L’OMS (organizzazione mondiale della sanità) definisce l’osteoporosi (OP) una condizione morbosa, caratterizzata da una ridotta densità minerale ossea e da una alterazione della microarchitettura e proprietà minerale dell’osso. Alla riduzione della densità dell’osso si correla una aumentato rischio di frattura; infatti il tasso di prevalenza delle fratture vertebrali supera il 54% nei soggetti osteoporotici, e il 30% nei soggetti osteopenici.
Le donne in età post-menopausale e gli anziani di sesso femminile sono i soggetti con maggiore rischio di frattura. Queste insorgono in seguito a traumi lievi ed interessano prevalentemente le vertebre, e il femore prossimale.
L’OP rappresenta un problema di grande rilevanza sociale; si stima che nel mondo vi siano circa 200 milioni di soggetti affetti da osteoporosi con un 41% di donne con età uguale o maggiore a 50 anni ed il 58% di donne con una riduzione della massa ossea nell’ambito della stessa fascia di età e solo negli USA sono stati rilevati 10 milioni di casi con 1,5 milioni di fratture all’anno. Si stima che in Italia oltre 5 milioni di persone siano affette da osteoporosi; Nel 2005 in Italia si sono verificati più di 90.000 ricoveri per fratture femorali. inoltre , la prevalenza dell’osteoporosi tenderà ad aumentare in relazione all’aumentare dell’aspettativa di vita dei paesi occidentali.

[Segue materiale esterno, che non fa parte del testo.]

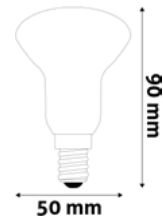

ABLFR50WW-4W	5999097911960	390lm	160°	
ABLFR50NW-4W	5999097911984	400lm	160°
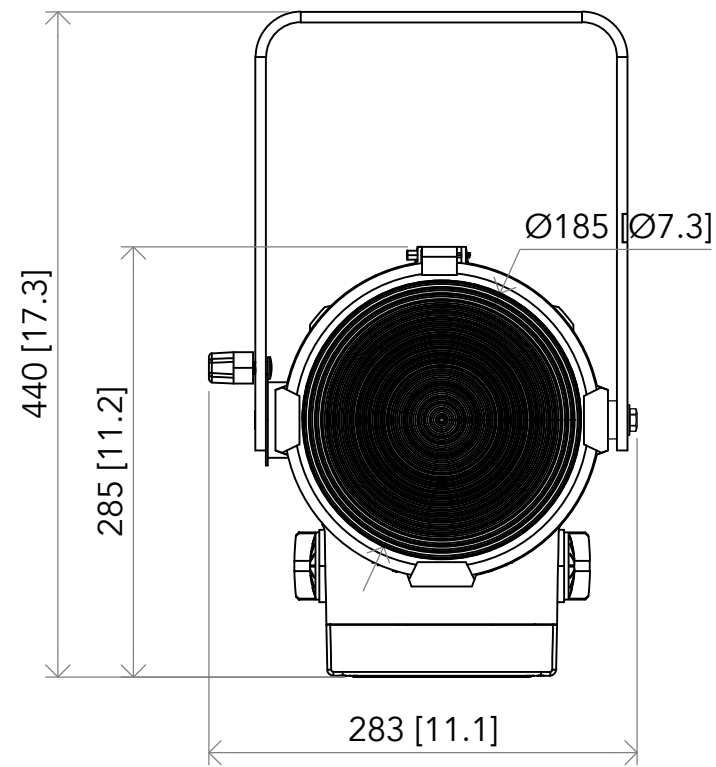

All dimensions are in mm / in
 Le misure sono espresse in mm / in

		Drawing number Disegno numero	
Title Titolo ECLIPSEFRESNELTW		Draw description Descrizione disegno	
Date Date 13-12-2019	Revision N. Versione N* 001	Sheet Foglio 01	of di 01
Checked Controllato			
Duplication of this drawing, either full or in part, is strictly prohibited without prior written authorization of Music&Lights Questo disegno non può essere copiato, riprodotto, mostrato a terzi senza autorizzazione della Music&Lights			
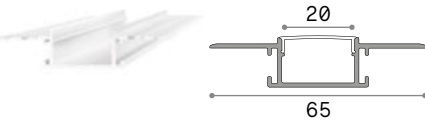

Slot Recessed

PROFILE 12 mm Mounting kit included - Not compatible with strip LED IP65

Length	Weight	Volume	Finish	Code
1000 mm	0,15 Kg	0,0010 m³	White	124155
2000 mm	0,35 Kg	0,0020 m³	White	203102
3000 mm	0,54 Kg	0,0029 m³	White	204611

PROFILE 14 mm

Length	Weight	Volume	Finish	Code
2000 mm	0,65 Kg	0,0020 m³	White	223704
3000 mm	0,90 Kg	0,0029 m³	White	223711

PROFILE 20 mm

Length	Weight	Volume	Finish	Code
2000 mm	0,60 Kg	0,0020 m³	White	223728
3000 mm	0,90 Kg	0,0029 m³	White	223735

KIT PROFILE 14 / 20 mm

Required	Code
Yes - 1 Kit x connection	223766
Yes - 1 Kit x connection	223759
Yes - 1 Kit x connection	223742

 **KIT LINEAR**

 **KIT RIGHT-LEFT**

 **KIT VERTICAL-HORIZONTAL**

STRIP LED AND DRIVER Recommended Strip LED max 15 W/m

Soggetti che hanno subito una frattura vertebrale presentano un rischio maggiore di manifestare un’ulteriore frattura vertebrale entro un anno e la presenza di una frattura vertebrale è associata ad un aumento del rischio di frattura femorale. Inoltre, si calcola un incremento di mortalità 6 volte maggiore dopo una frattura di femore e di ben 9 volte maggiore dopo una frattura vertebrale nelle donne di età uguale o superiore a 55 anni.
Appare quindi evidente che con l’aumentare della popolazione senile, questa cifra andrà aumentando nei prossimi anni con ulteriore costo sociale che questa patologia comporta.
Questi dati da soli, sono sufficienti per prendere in seria considerazione il rischio di frattura che l’ osteoporosi comporta, con una attento programma che prevede uno stile di vita improntato al movimento (esercizi gravitazionali come ad es. la marcia) a partire dall’età scolare e di una alimentazione non abbondante ma molto varia, con l’apporto di un adeguato introito di calcio e proteine, e di una appropriata sintesi di vitamina D con l’esposizione ai raggi UV, evitando invece quei fattori di rischio, i grassi in particolare, il fumo della sigaretta e gli alcoolici che facilitano l’osteoporosi, e le malattie cardio-vascolari.
COME RICONOSCERLA
L’OP senza frattura non determina alcuna sintomatologia dolorosa, ma questo aspetto non deve essere sottovalutato poiché, in effetti, l’obiettivo principale del trattamento di un paziente con osteoporosi è proprio quello di prevenire la prima frattura e quelle successive. L’OP diventa responsabile dell’insorgenza del dolore quando la sua presenza ha favorito il cedimento strutturale di uno o più corpi vertebrali. Questi cedimenti strutturali delle vertebre possono manifestarsi in modo diverso: con microfratture, con deformazione a cuneo, a lente biconcava, o con veri e propri schiacciamenti. Il cedimento del muro anteriore dei corpi vertebrali e le conseguenti deformazioni a cuneo sono responsabili del dorso curvo, e della riduzione di statura. Di solito il “back pain” da frattura vertebrale generalmente non supera le 4-6 settimane. Queste modificazioni portano ad alterazioni fisiche del soggetto che vede così modificato il suo aspetto con un impatto psicologico negativo ed un conseguente peggioramento della qualità di vita e un significativo incremento del tasso di morbilità e mortalità.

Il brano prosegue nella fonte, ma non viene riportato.